### What you are asked to do
Find the string "from" in the data, then copy every line where it is found.

# # # #

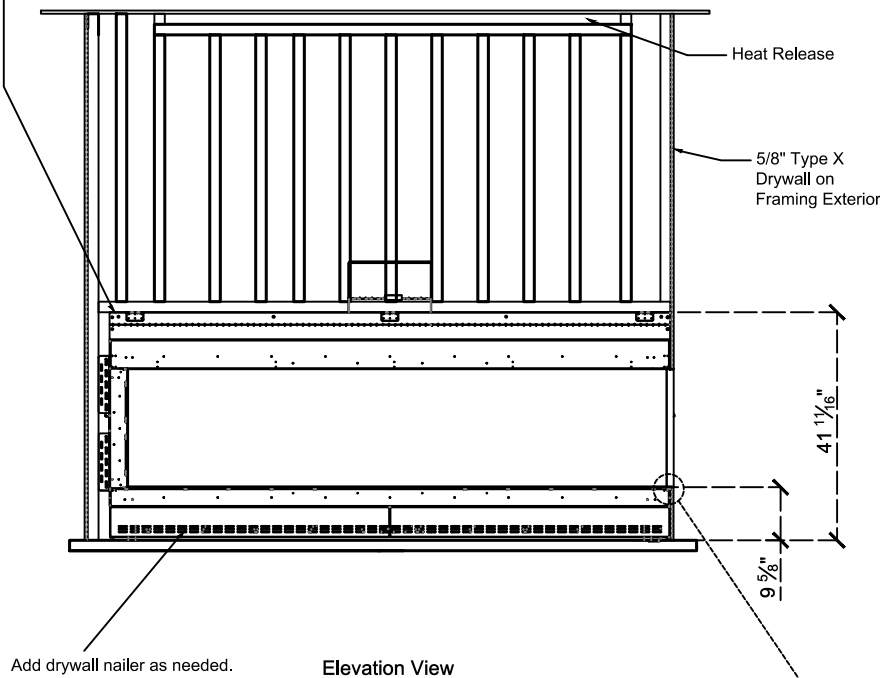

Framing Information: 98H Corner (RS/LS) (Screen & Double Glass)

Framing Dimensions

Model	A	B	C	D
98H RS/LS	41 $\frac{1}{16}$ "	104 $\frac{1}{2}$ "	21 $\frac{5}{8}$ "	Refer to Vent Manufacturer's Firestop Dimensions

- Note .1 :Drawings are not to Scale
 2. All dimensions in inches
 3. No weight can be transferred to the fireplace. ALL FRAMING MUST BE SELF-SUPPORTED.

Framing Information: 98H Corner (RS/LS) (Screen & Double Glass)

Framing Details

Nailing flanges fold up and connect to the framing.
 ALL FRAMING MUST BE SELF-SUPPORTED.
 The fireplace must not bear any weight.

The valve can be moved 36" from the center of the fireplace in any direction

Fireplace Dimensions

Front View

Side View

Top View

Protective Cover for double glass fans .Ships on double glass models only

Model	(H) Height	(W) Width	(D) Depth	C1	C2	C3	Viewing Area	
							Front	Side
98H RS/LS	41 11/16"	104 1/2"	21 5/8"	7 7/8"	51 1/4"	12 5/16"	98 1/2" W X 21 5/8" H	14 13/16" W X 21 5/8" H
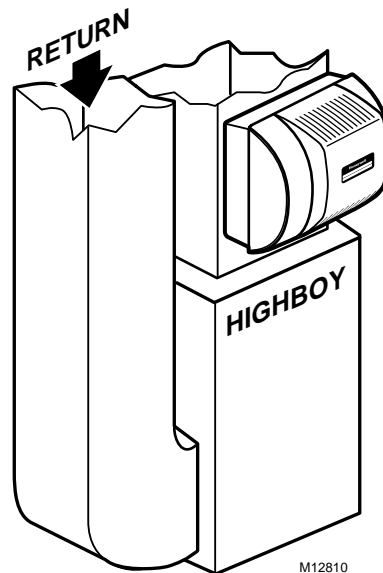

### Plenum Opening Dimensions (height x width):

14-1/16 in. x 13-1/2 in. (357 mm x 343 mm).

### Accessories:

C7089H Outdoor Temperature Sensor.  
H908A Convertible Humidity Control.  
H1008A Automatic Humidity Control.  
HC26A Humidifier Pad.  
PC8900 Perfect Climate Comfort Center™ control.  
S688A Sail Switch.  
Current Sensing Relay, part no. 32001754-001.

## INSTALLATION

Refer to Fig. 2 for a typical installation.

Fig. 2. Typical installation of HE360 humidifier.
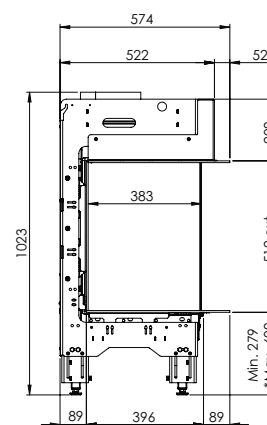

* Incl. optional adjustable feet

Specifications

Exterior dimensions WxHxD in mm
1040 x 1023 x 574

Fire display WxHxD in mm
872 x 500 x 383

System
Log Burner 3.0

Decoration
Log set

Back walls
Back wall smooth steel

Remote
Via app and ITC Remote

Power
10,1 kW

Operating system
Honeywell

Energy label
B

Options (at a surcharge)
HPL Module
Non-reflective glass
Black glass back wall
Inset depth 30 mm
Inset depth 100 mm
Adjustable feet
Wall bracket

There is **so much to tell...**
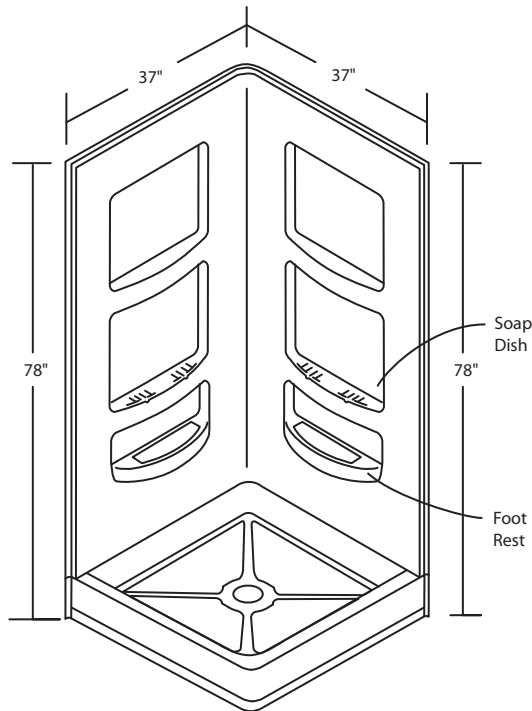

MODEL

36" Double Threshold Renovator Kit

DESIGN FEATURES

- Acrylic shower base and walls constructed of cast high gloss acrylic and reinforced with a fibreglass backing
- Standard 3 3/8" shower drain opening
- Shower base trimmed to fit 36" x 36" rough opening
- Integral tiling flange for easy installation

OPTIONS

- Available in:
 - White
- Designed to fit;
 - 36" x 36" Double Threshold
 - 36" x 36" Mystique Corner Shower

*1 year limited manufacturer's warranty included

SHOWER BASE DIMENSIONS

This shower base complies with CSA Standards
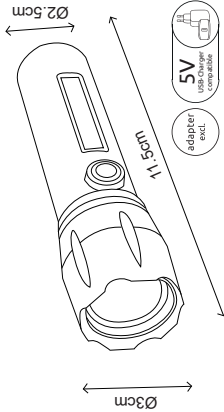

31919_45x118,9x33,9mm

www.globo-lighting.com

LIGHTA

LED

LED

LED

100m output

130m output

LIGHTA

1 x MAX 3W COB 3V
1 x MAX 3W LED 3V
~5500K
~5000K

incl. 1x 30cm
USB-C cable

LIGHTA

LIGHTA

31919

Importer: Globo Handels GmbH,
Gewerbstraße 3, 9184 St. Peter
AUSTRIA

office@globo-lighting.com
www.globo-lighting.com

# # # #

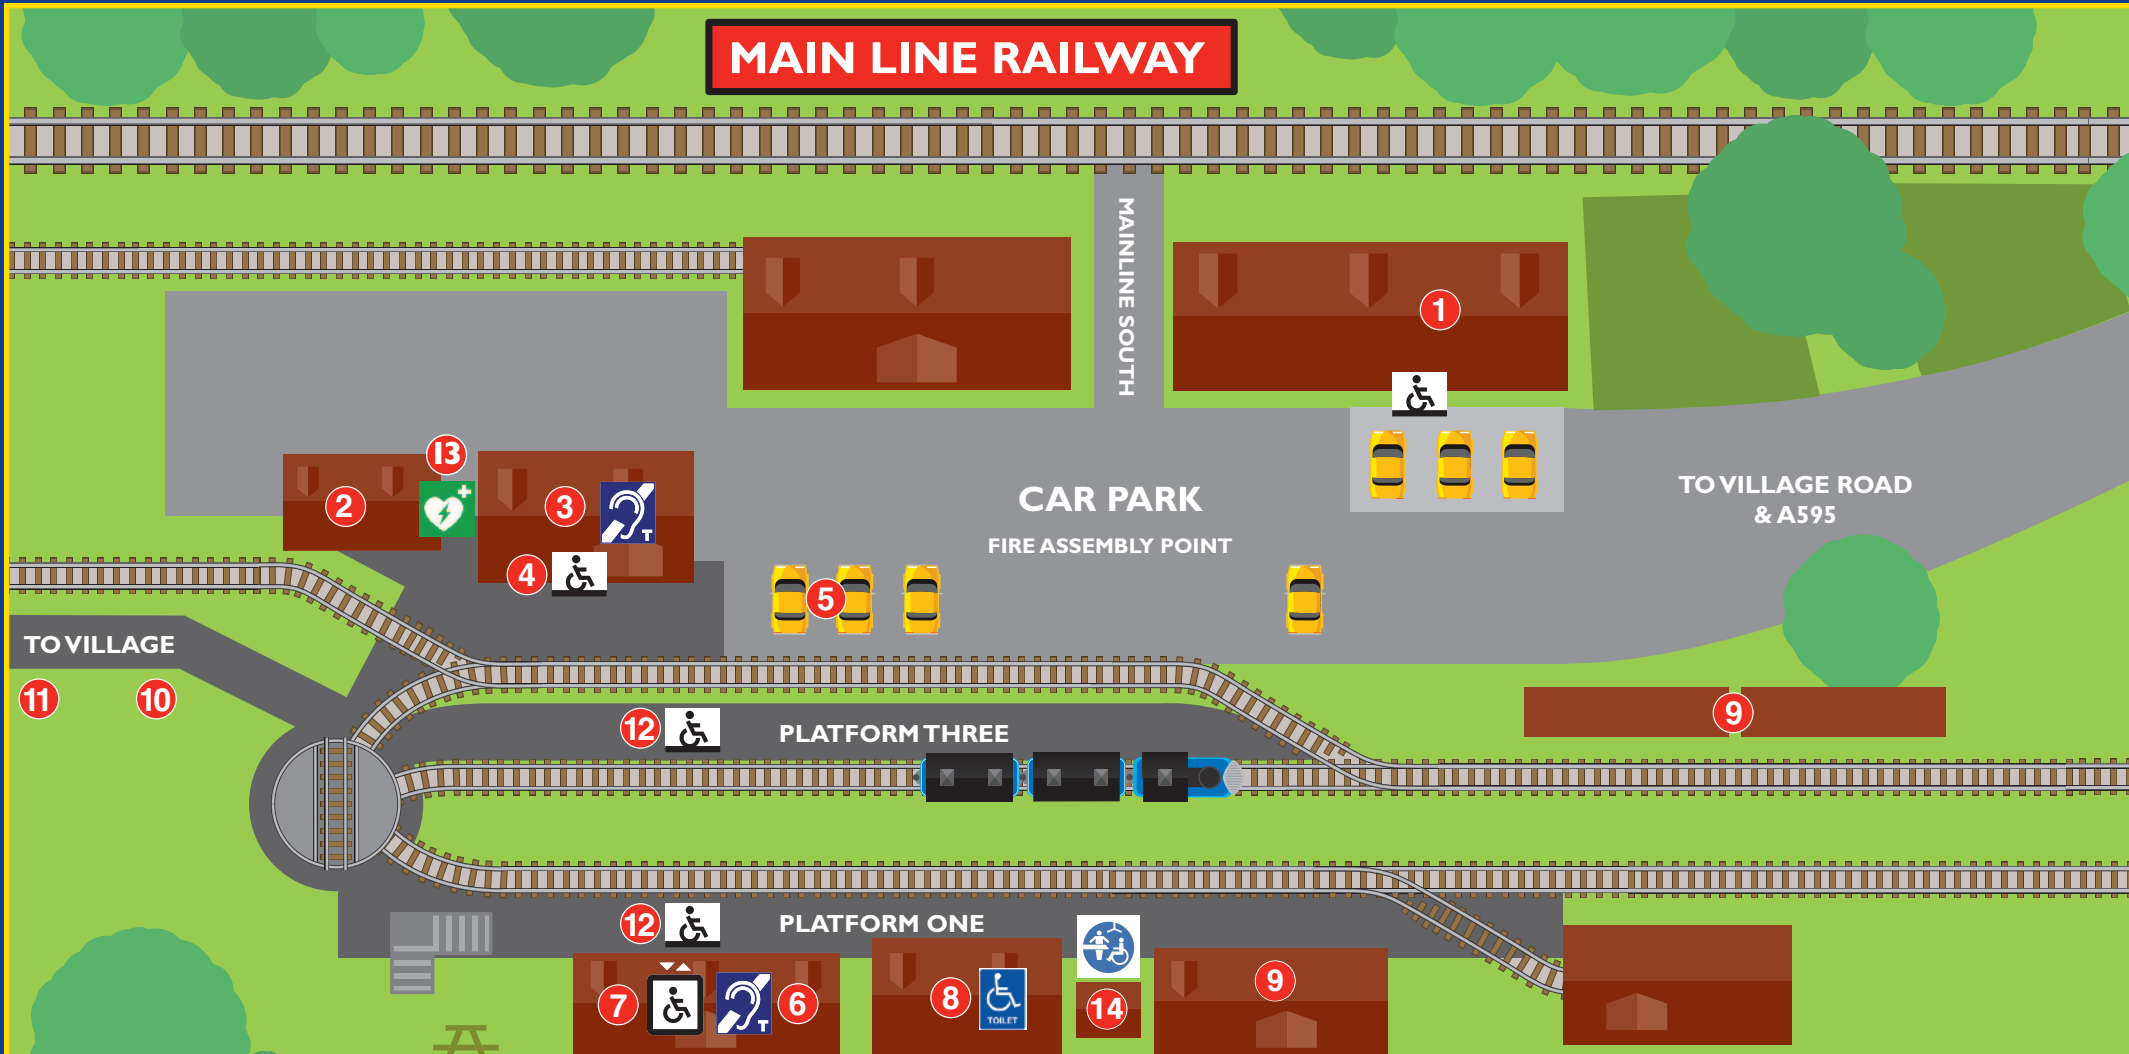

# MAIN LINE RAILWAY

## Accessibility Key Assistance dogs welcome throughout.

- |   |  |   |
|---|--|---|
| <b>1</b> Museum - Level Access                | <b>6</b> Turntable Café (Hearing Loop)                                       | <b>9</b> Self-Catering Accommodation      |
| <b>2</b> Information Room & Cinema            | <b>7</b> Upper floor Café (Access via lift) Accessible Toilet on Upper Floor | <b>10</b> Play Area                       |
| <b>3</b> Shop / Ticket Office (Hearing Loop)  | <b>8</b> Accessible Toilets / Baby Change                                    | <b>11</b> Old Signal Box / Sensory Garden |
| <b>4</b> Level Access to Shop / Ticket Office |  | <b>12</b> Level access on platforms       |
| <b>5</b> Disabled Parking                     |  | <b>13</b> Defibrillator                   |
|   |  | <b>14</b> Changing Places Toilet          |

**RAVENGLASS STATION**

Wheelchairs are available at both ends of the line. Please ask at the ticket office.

# # # #

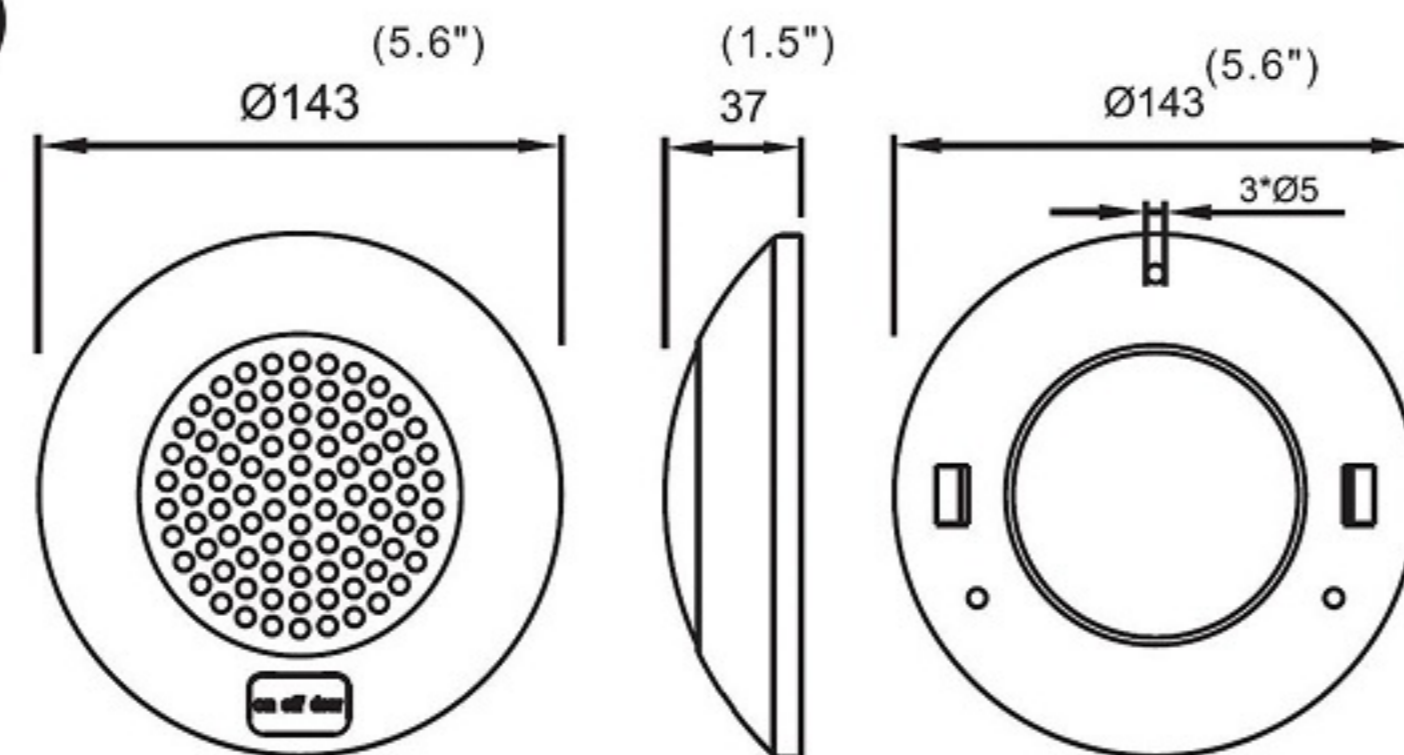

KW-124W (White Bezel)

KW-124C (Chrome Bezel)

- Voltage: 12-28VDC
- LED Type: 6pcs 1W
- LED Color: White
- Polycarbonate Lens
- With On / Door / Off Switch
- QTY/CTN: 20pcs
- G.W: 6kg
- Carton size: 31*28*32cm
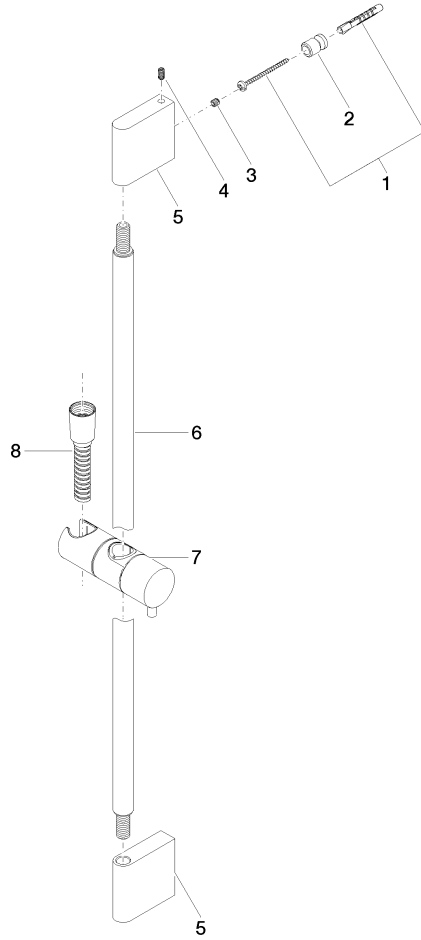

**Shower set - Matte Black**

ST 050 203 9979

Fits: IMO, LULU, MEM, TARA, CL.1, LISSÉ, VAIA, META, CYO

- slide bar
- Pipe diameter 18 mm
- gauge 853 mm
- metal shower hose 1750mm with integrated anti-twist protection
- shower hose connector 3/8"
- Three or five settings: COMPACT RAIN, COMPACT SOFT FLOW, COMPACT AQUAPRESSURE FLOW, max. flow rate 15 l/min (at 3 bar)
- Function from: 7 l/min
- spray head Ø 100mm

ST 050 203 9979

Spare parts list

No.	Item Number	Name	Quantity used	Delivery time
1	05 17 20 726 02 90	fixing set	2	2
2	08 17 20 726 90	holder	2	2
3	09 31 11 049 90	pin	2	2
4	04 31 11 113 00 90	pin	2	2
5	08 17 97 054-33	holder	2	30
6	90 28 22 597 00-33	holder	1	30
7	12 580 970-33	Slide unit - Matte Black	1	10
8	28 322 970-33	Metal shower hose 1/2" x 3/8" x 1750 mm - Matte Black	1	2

# # # #

### Reply
The valve can be moved 36" from the center of the fireplace in any direction
- Function from: 7 l/min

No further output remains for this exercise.